Open anthosz opened 4 years ago
It seems that indeed, all separators are managed by slash in https://github.com/matomo-org/matomo/blob/3.14.1/plugins/SitesManager/SiteUrls.php
I don't know if you have something like a patch to allow other separator?
@anthosz If I understand things correct what you are after then you're wanting to only match paths where the path starts with /!*
vs currently Matomo would only support excluding URLs where the path is `/!/*? Do I understand this right?
This would be kind of on purpose currently if I understand things correctly since for Matomo there's currently no way to differentiate which behaviour someone expects.
@anthosz Yes, that's what I would like, have the possibility to also take into account "/!*"

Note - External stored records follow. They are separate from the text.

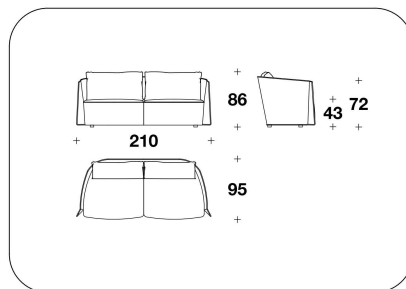

**COVER** Not removable fabric or leather (not available in printed leather), piping to be chosen

Back cushion with removable fabric or leather

**OPTIONAL 1** Manufacture with diamond quilted on the cover, external or inner frame, or external and inner frame (OPTx2)

**OPTIONAL 2** Logo embroidery on back cushions

**BENTLEY HOME**  
sofa & armchairs  
**BUTTERFLY**

BTF (POL)  
POLTRONA / ARMCHAIR  
100x95x86H. - H.S.43cm  
39 1/3x37 1/3x34H. - H.S.17"

BTF (D3)  
DIVANO 3 POSTI / 3 SEATER SOFA  
210x95x86H. - H.S.43 cm  
82 2/3x37 1/3x34H. - H.S.17 "

BTF (BD3)  
MAXI : DIVANO 3 POSTI / 3 SEATER  
SOFA  
260x95x86H. - H.S.43 cm  
102 1/3x37 1/3x34H. - H.S.17 "

BTF (D4)  
DIVANO 4 POSTI / 4 SEATER SOFA  
303x95x86H. - H.S.43 cm  
119 1/3x37 1/3x34H. - H.S.17 "

A simple way can be to compare if import_url (url in log or request) like url (instead to force url/) -> use this website Also add an option to disable this behavior by default (so no impact on existing instance) and allow to enable it on demand
The bonus can be to allow regex in url (not related to this issue but can be usefull if someone want to use another separator (like "/(!|&)") ^^
Thanks @anthosz I've updated the title to make it a bit more clear for us. Generally we would likely only be able to support some simply wildcards like *
(if that's even possible) as I think we're sometimes might be using the site URLs also for other purposes maybe. To be checked.
Do I see this right it might already help if the include-path
parameter in the log importer would support this in your case( eg include-path='/!*'
)?
@tsteur yes and no, currently seems to works if we also specify the site ID but the issue is that in this case, we need to execute multiple time the imports_logs and it is slow (especially when we have more 10 millions of lines of logs to parse and multiples websites)
We got another request for this feature today.
The user would like to be able to use a wildcard for subdomains, for example:
https://*.example.org
instead of having to specify every subdomain individually.
Maybe even with the ability to use regular expressions, similar to the field "Excluded User Agents".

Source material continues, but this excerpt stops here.